**Problem details**
Only the stretch below from the line holding "1 2 3 4 5 6" through the line holding "area + common areas" should be restated, word for word and with both ends included; pictures stay out.

[Stored entries]
==============================

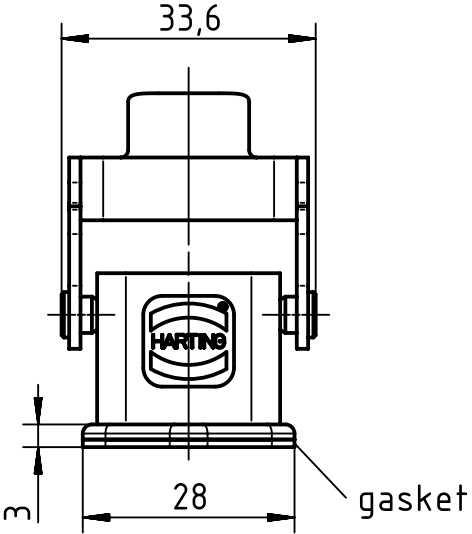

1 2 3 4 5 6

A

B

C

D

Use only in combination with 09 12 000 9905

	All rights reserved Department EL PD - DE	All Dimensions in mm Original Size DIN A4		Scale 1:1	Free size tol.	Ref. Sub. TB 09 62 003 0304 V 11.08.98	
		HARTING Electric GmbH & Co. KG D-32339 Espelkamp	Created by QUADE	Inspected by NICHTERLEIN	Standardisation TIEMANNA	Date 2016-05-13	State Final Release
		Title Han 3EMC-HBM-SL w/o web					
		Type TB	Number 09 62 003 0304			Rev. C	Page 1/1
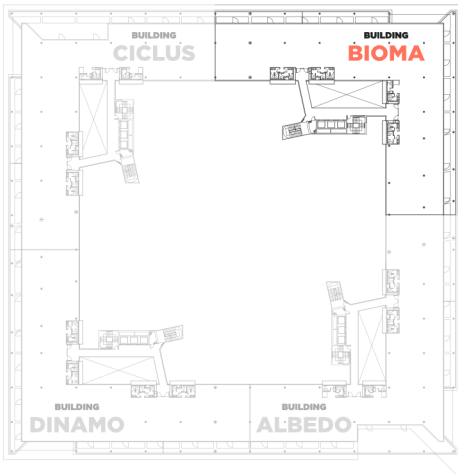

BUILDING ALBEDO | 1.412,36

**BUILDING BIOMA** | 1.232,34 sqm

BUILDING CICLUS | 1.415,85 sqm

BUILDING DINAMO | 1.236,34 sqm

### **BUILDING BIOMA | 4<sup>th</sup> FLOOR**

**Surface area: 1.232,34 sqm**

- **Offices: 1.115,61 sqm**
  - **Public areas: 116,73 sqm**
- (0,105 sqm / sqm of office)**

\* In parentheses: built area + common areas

==============================

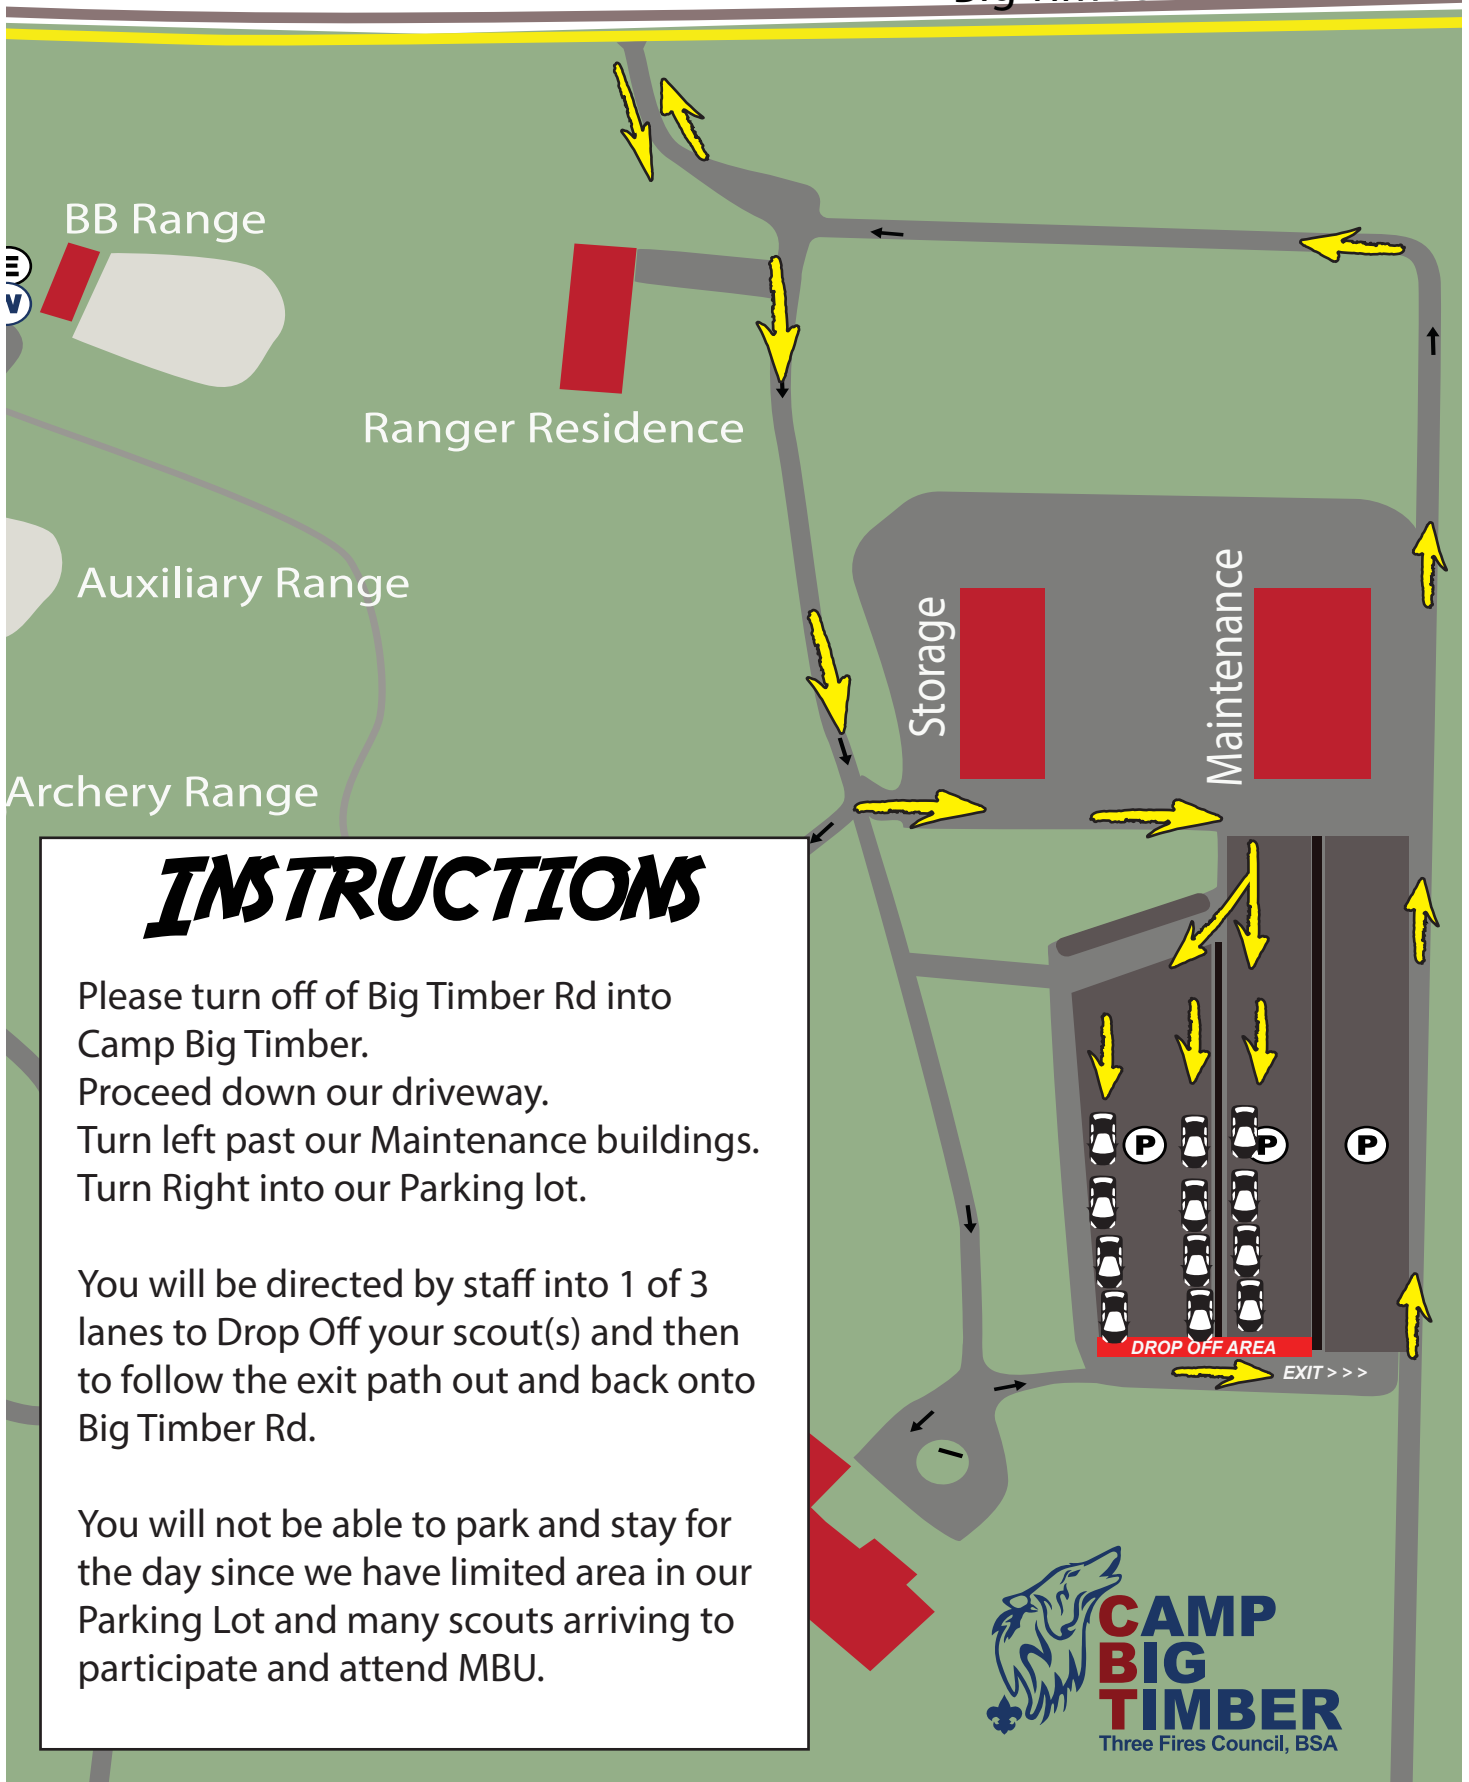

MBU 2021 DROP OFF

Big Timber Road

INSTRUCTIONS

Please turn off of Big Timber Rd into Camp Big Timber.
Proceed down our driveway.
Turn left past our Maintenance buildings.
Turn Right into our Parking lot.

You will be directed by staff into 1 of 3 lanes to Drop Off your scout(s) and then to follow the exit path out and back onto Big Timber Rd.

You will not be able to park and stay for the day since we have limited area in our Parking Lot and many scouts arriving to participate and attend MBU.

==============================

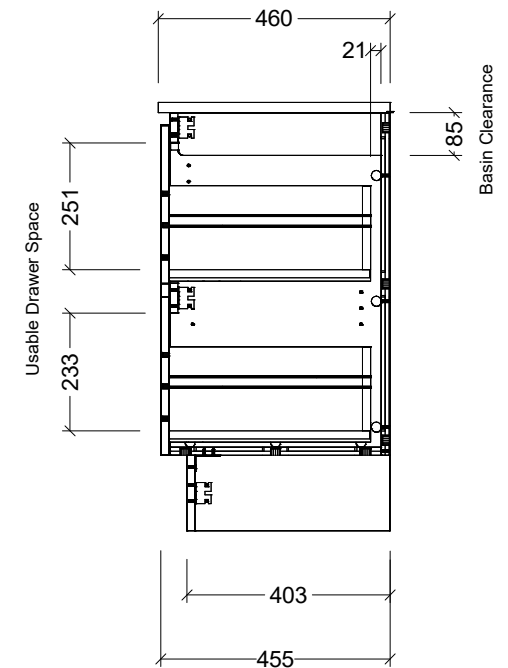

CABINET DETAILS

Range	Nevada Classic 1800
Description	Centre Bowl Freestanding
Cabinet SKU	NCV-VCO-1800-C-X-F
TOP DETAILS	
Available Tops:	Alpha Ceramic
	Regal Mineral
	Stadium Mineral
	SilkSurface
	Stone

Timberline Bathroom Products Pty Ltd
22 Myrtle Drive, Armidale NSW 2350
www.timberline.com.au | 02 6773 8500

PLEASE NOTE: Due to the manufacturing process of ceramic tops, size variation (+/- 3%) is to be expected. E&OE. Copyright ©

==============================

**Answer to the exercise**
1 2 3 4 5 6

A

B

C

D

Use only in combination with 09 12 000 9905

	All rights reserved Department EL PD - DE	All Dimensions in mm Original Size DIN A4		Scale 1:1	Free size tol.	Ref. Sub. TB 09 62 003 0304 V 11.08.98	
		HARTING Electric GmbH & Co. KG D-32339 Espelkamp	Created by QUADE	Inspected by NICHTERLEIN	Standardisation TIEMANNA	Date 2016-05-13	State Final Release
		Title Han 3EMC-HBM-SL w/o web					
		Type TB	Number 09 62 003 0304			Rev. C	Page 1/1

BUILDING ALBEDO | 1.412,36

**BUILDING BIOMA** | 1.232,34 sqm

BUILDING CICLUS | 1.415,85 sqm

BUILDING DINAMO | 1.236,34 sqm

### **BUILDING BIOMA | 4<sup>th</sup> FLOOR**

**Surface area: 1.232,34 sqm**

- **Offices: 1.115,61 sqm**
  - **Public areas: 116,73 sqm**
- (0,105 sqm / sqm of office)**

\* In parentheses: built area + common areas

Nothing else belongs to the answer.